(Material for the task begins)
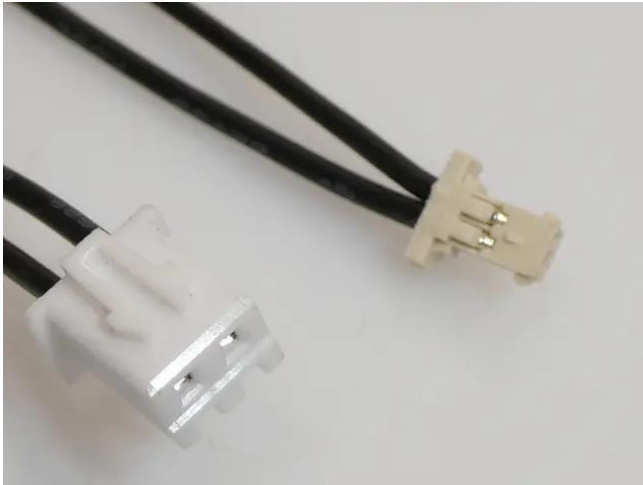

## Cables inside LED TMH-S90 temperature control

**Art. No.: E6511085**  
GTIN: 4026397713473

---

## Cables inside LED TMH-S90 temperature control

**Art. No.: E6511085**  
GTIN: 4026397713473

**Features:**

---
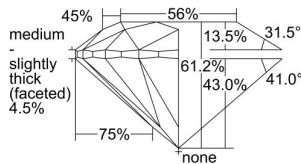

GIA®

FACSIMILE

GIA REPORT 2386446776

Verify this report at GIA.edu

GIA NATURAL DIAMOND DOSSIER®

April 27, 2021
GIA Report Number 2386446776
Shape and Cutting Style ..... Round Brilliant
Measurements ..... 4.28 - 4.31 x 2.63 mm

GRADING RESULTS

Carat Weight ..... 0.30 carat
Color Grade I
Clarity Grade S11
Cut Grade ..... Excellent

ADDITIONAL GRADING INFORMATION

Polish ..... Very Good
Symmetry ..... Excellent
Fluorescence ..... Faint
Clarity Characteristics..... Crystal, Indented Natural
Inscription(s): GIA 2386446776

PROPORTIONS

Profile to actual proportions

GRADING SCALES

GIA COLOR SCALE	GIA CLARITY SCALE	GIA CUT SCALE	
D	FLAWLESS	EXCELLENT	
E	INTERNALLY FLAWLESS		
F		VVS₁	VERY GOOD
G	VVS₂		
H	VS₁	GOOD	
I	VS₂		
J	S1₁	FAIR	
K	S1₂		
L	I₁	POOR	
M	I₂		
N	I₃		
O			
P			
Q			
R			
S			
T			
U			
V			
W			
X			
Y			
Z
(Material for the task ends)
(Material for the task begins)
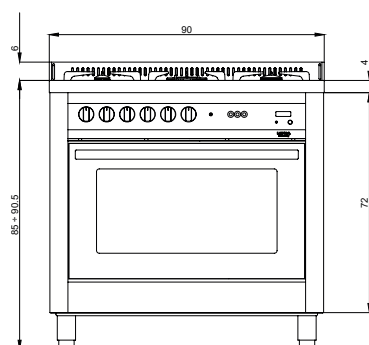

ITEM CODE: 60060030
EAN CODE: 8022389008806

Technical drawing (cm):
(Material for the task ends)
» **Problem details**:
Your task is to show every line of the listing above containing "CODE".

» **Exercise result**:
ITEM CODE: 60060030
EAN CODE: 8022389008806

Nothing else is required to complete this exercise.